======== Extracted records ========
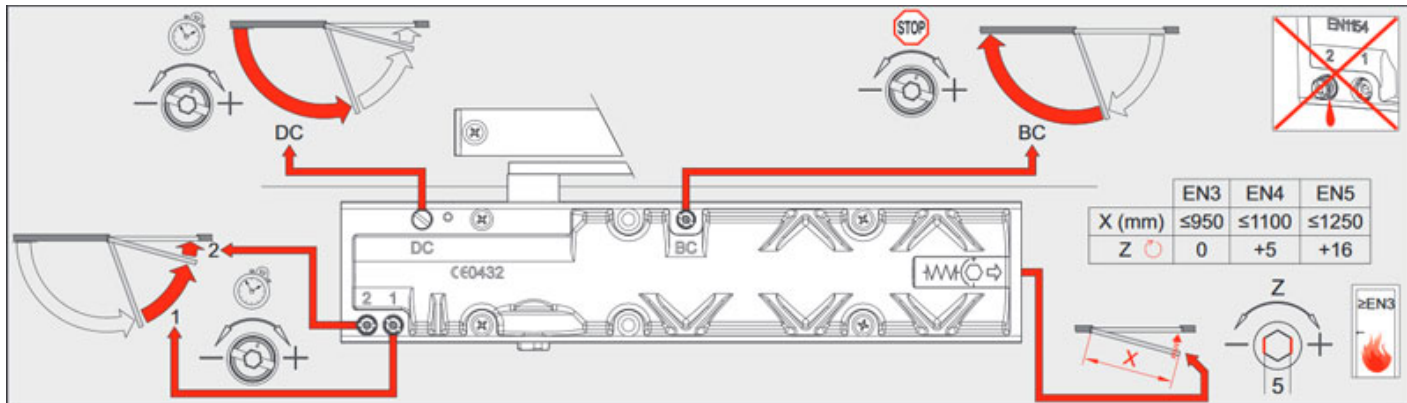

Karta produktu: ZAMYKACZ DRZWIOWY SZYNOWY IS 315 DO 120KG SREBRNY

NOVET

Indeks: **377150033**
Kod EAN: **8020614519189**

Klasyfikacja wg normy EN 1154

4 8 3 1 1 3

Producent:	ISEO
Wykończenie:	Srebrne
Certyfikat CE:	Tak
Do drzwi:	Przeciwpożarowych
Siła zamykania (N):	3-5
Ciężar drzwi (kg):	120
Szerokość drzwi (mm):	1250
Tłumienie otwarcia (BC):	Tak
Opóźnienie zamykania (DC):	Tak
Trwałość:	500 000 cykli

Opis produktu

Zamykacz drzwiowy **wyposażony w szynę z ramieniem ślizgowym**. Montowany nawierzchniowo na skrzydle drzwiowym. Odpowiedni do drzwi przeciwpożarowych. Sklasyfikowany według europejskiej normy **EN 1154**. Posiada **oznaczenie CE**.

Wygodna regulacja

Umożliwia regulację **siły zamykania** (EN), **tłumienia otwarcia** (BC) oraz **opóźnienia zamykania** (DC) za pomocą specjalnych zaworów regulacyjnych. **Prędkość zamykania drzwi** może być regulowana w zakresie od 180° do 15°, a **szybkość domykania** w zakresie od 15° do 0°. Zawory znajdują się w przedniej części zamykacza, co ułatwia wykonywanie regulacji.

Zastosowanie

Parametry drzwi

Model zamykacza IS 315 jest odpowiedni do zastosowania w **skrzydłach drzwiowych o maksymalnej wadze 120 kg** oraz maksymalnej szerokości 1250 mm.

Zawory regulacyjne

Zawór umożliwiający **opóźnienie zamykania** pozwala ustawić dodatkowy czas na przejście, co stanowi wygodne rozwiązanie w szpitalach, domach opieki itd. Dodatkowo zamykacz został wyposażony w zawór umożliwiający zabezpieczenie drzwi przed nagłym, niespodziewanym i gwałtownym otwarciem z powodu silnego wiatru (**tzw. funkcja back-check**).
========
Task instructions -> Among the lines above, find those that contain the word "Zawory" and copy them.

Output below ->
Umożliwia regulację **siły zamykania** (EN), **tłumienia otwarcia** (BC) oraz **opóźnienia zamykania** (DC) za pomocą specjalnych zaworów regulacyjnych. **Prędkość zamykania drzwi** może być regulowana w zakresie od 180° do 15°, a **szybkość domykania** w zakresie od 15° do 0°. Zawory znajdują się w przedniej części zamykacza, co ułatwia wykonywanie regulacji.
Zawory regulacyjne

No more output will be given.